- _Task goal_
Extract all lines from the data beneath that include the word "Wind".

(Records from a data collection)

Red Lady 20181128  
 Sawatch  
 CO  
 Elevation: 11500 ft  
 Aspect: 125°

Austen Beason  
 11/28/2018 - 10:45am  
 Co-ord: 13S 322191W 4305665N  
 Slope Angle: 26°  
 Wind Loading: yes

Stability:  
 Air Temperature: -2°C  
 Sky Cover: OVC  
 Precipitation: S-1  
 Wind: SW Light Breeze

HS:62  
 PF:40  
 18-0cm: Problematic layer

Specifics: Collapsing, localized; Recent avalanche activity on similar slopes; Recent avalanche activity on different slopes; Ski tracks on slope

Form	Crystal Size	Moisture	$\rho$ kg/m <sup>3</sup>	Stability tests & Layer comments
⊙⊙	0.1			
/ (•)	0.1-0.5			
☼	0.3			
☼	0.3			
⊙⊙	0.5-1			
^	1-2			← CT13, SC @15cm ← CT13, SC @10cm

--

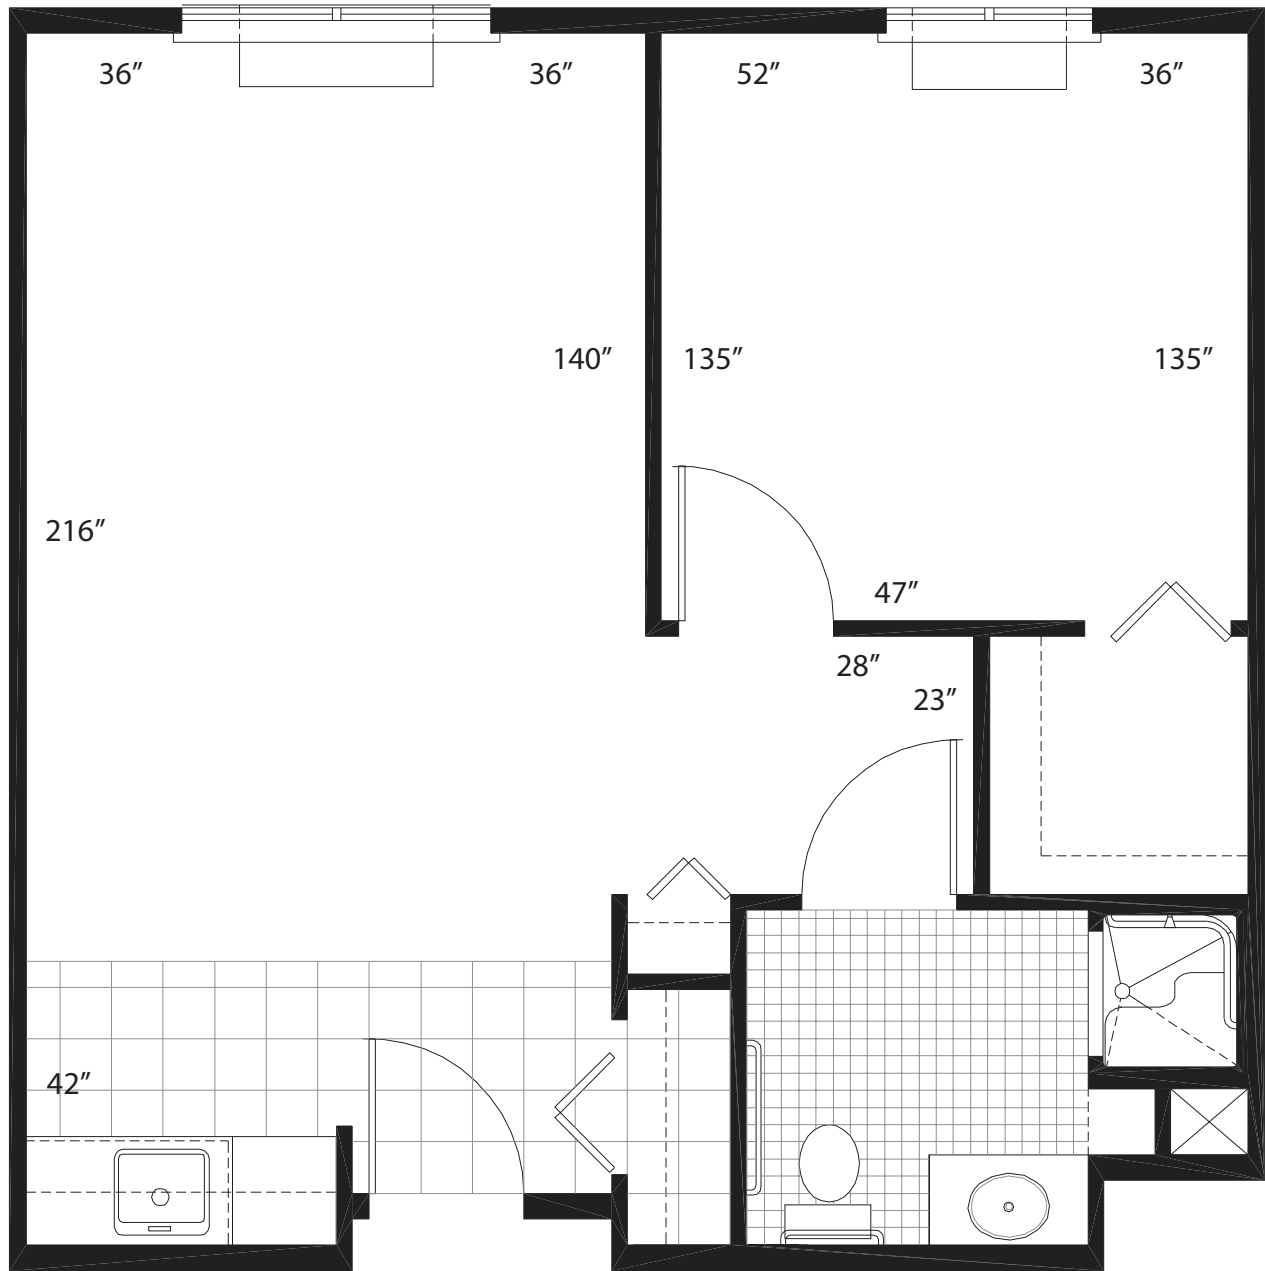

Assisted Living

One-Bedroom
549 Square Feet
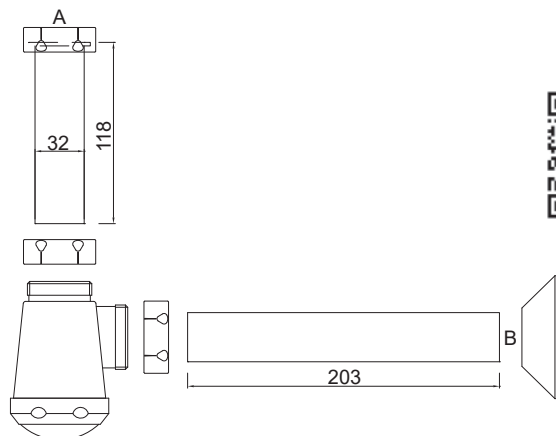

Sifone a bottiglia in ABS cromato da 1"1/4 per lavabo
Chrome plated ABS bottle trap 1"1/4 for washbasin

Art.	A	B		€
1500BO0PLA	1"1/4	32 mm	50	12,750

- _Task output_
 Wind Loading: yes
 Wind: SW Light Breeze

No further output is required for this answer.